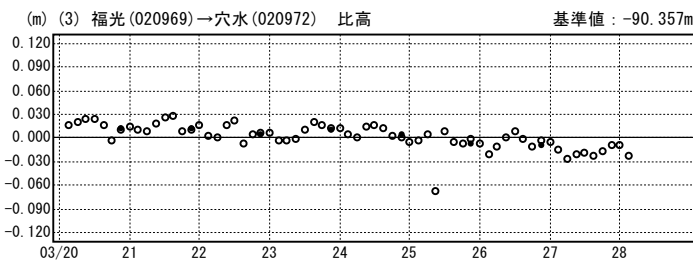

成分変化グラフ

期間：2007/03/20~2007/03/28 JST

※「富来」の傾斜による変位は補正しています。

成分変化グラフ

期間：2007/03/20~2007/03/28 JST

成分変化グラフ

期間：2007/03/20~2007/03/28 JST

成分変化グラフ

期間：2007/03/20~2007/03/28 JST

※「能登島」の傾斜による変位は補正しています。

○—[Q2:迅速解] ●—[R2:速報解]

--------------------------------

Problem description: Restate each entry exactly, omitting pictures.

Problem solution:
成分変化グラフ

期間：2007/03/20~2007/03/28 JST

※「富来」の傾斜による変位は補正しています。

成分変化グラフ

期間：2007/03/20~2007/03/28 JST

成分変化グラフ

期間：2007/03/20~2007/03/28 JST

成分変化グラフ

期間：2007/03/20~2007/03/28 JST

※「能登島」の傾斜による変位は補正しています。

○—[Q2:迅速解] ●—[R2:速報解]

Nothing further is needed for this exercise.